Lima (Peru): Peru's presidential front-runner Keiko Fujimori signed a pledge at a debate on Sunday committing her to avoiding the authoritarian ways of her father, in a final appeal to middle-ground voters ahead of next week's ballot.
Fujimori, 40-year-old daughter of ex-president Alberto Fujimori, has long enjoyed a double-digit lead over her nine rivals but she is not expected to win the simple majority needed to avoid a presidential election run-off in June.
The center-right candidate has struggled to calm fears that she will reactivate the government of her father, now serving a 25-year sentence for human rights abuses and corruption.

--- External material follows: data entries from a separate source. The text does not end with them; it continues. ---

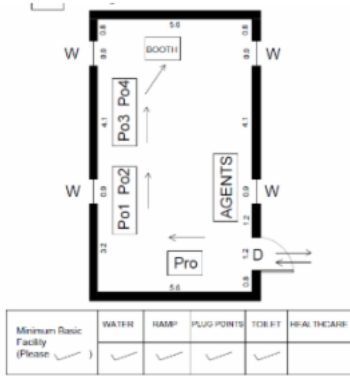

வாக்காளர் பதிவு அலுவலரின்
கையொப்பம்

Nazri Naksha

Google Map View

Polling Station Building Front View

Polling Station Front View

Cad View

Key MAP View

1 பெயர் : ராஜகுமாரி கணவர் பெயர்: வேணுகோபால் வீட்டு எண் : 1 வயது : 65 பாலினம் : பெண்	CPC1140946 Photo is available	2 பெயர் : வசந்தா கணவர் பெயர்: ராமச்சந்திரன் வீட்டு எண் : 1 வயது : 64 பாலினம் : பெண்	CPC5558770 Photo is available	3 பெயர் : செளந்தராஜன் தந்தை பெயர்: ரங்கநாதன் வீட்டு எண் : 1 வயது : 56 பாலினம் : ஆண்	XKY0921379 Photo is available
4 பெயர் : சக்திவேல் தந்தை பெயர்: செல்லப்பன் வீட்டு எண் : 1 வயது : 53 பாலினம் : ஆண்	CPC5558820 Photo is available	5 பெயர் : கமலகண்ணன் தந்தை பெயர்: ராமசந்திரன் வீட்டு எண் : 1 வயது : 52 பாலினம் : ஆண்	XKY1887843 Photo is available	6 பெயர் : செல்வி கணவர் பெயர்: சக்திவேல் வீட்டு எண் : 1 வயது : 49 பாலினம் : பெண்	CPC5558846 Photo is available
7 பெயர் : ராஜவரமன் தந்தை பெயர்: வேணுகோபால் வீட்டு எண் : 1 வயது : 44 பாலினம் : ஆண்	CPC1261411 Photo is available	8 பெயர் : அசஜத் சொசரி தந்தை பெயர்: அதுல்லஹ அன்சரி வீட்டு எண் : 1 வயது : 40 பாலினம் : ஆண்	XKY1029511 Photo is available	9 பெயர் : கவிக்குயில்ராஜா தந்தை பெயர்: ராஜசேகரன் வீட்டு எண் : 1 வயது : 33 பாலினம் : பெண்	XKY0462267 Photo is available
10 பெயர் : சரஸ்வதி கணவர் பெயர்: நம்மாழ்வார் வீட்டு எண் : 1-4 வயது : 49 பாலினம் : பெண்	XKY0921312 Photo is available	11 பெயர் : ஹரிஷ் பாபு தந்தை பெயர்: செளந்தராஜன் வீட்டு எண் : 1/4 வயது : 26 பாலினம் : ஆண்	XKY1248558 Photo is available	12 பெயர் : கோகுல் தந்தை பெயர்: சக்திவேல் வீட்டு எண் : 1ஏ வயது : 24 பாலினம் : ஆண்	XKY2002012 Photo is available
13 பெயர் : நடராஜன் தந்தை பெயர்: சுப்பராயன் வீட்டு எண் : 1-B வயது : 69 பாலினம் : ஆண்	XKY0112375 Photo is available	14 பெயர் : சுசீலா கணவர் பெயர்: நடராஜன் வீட்டு எண் : 1-B வயது : 67 பாலினம் : பெண்	XKY0112383 Photo is available	15 பெயர் : லக்ஷ்மிகாந்தம் கணவர் பெயர்: கோவிந்தராஜிலு வீட்டு எண் : 2 வயது : 76 பாலினம் : பெண்	XKY1887868 Photo is available
16 பெயர் : லோகநாதன் தந்தை பெயர்: கோவிந்தராஜிலு வீட்டு எண் : 2 வயது : 57 பாலினம் : ஆண்	CPC1284058 Photo is available	17 பெயர் : ரஹ்மதுல்லா தந்தை பெயர்: நார்முஹமது வீட்டு எண் : 2 வயது : 56 பாலினம் : ஆண்	XKY0112524 Photo is available	18 பெயர் : கீதா கணவர் பெயர்: நாகராஜன் வீட்டு எண் : 2 வயது : 53 பாலினம் : பெண்	XKY0615872 Photo is available
19 பெயர் : வஹிதாபானு கணவர் பெயர்: அமானுல்லா வீட்டு எண் : 2 வயது : 51 பாலினம் : பெண்	XKY0112532 Photo is available	20 பெயர் : சல்மா கணவர் பெயர்: ரஹ்மத்துல்லா வீட்டு எண் : 2 வயது : 51 பாலினம் : பெண்	XKY0112508 Photo is available	21 பெயர் : ரிஸ்வான் தந்தை பெயர்: அமானுல்லா வீட்டு எண் : 2 வயது : 47 பாலினம் : ஆண்	XKY0112540 Photo is available
22 பெயர் : சையத் நிசார் அகமது தந்தை பெயர்: அமானுல்லா வீட்டு எண் : 2 வயது : 36 பாலினம் : ஆண்	XKY0112557 Photo is available	23 பெயர் : காவேரி கணவர் பெயர்: ரங்கநாதன் வீட்டு எண் : 2-3 வயது : 75 பாலினம் : பெண்	XKY1887884 Photo is available	24 பெயர் : நாகராஜன் தந்தை பெயர்: ரங்கநாதன் வீட்டு எண் : 2-3 வயது : 58 பாலினம் : ஆண்	XKY1887892 Photo is available
25 பெயர் : அவினாஷ் தந்தை பெயர்: நாகராஜன் வீட்டு எண் : 2-3 வயது : 28 பாலினம் : ஆண்	XKY0995936 Photo is available	26 பெயர் : கிருஷ்ணசாமி தந்தை பெயர்: குப்பன் வீட்டு எண் : 2p வயது : 33 பாலினம் : ஆண்	XKY0921320 Photo is available	27 பெயர் : பவித்ரா தந்தை பெயர்: குப்பன் வீட்டு எண் : 2p வயது : 29 பாலினம் : பெண்	XKY0921338 Photo is available
28 பெயர் : குப்பன் தந்தை பெயர்: கண்ணன் வீட்டு எண் : 3 வயது : 65 பாலினம் : ஆண்	XKY0921510 Photo is available	29 பெயர் : அலங்காரம் கணவர் பெயர்: ஆதிமூலம் வீட்டு எண் : 3 வயது : 56 பாலினம் : பெண்	CPC5558812 Photo is available	30 பெயர் : முகமது அர்ஷத் தந்தை பெயர்: கைசர் பாஷா வீட்டு எண் : 3/5 வயது : 26 பாலினம் : ஆண்	XKY1148477 Photo is available

"I know how to look at the history of my country. I know what chapters should be repeated and I'm very clear on which ones shouldn't," Fujimori said during her final message in the debate.
The document she signed committed her to respecting human rights, freedom of the press and democratic institutions that her father weakened as he consolidated power.
"Never another 5th of April!" Fujimori said, referring to the day 24 years ago when her father shuttered congress and intervened in the courts with the backing of the military.
Fujimori also vowed to give the opposition control of oversight and intelligence committees in congress and reiterated a promise to provide reparations to scores of women forcibly sterilised during her father's 1990-2000 government.
Critics dismissed the pledge as a cynical ploy for votes.
"The same mafia, the same sweet-talk," the collective No To Keiko said on Twitter.
Opposition to Fujimori has eased as it looks increasingly likely that she will face 35-year-old leftist lawmaker Veronika Mendoza in a polarising run-off race.
Mendoza has risen to statistically tie for second place with 77-year-old investor-favorite Pedro Pablo Kuczynski in three recent opinion polls, as support for him remains largely flat.
Mendoza, who wore her hair in a braid at the debate and opened her speech with a greeting in the indigenous language Quechua, appeared confident as she renewed promises to ditch the business-friendly constitution that Alberto Fujimori enacted in 1993 for a new one that empowers the poor.
About 60 per cent of Peruvians have made up their minds about who to vote for, according to Ipsos.
President Ollanta Humala, who narrowly beat Fujimori during her first presidential bid in 2011, will hand over power on July 28. He is constitutionally barred from seeking a second term.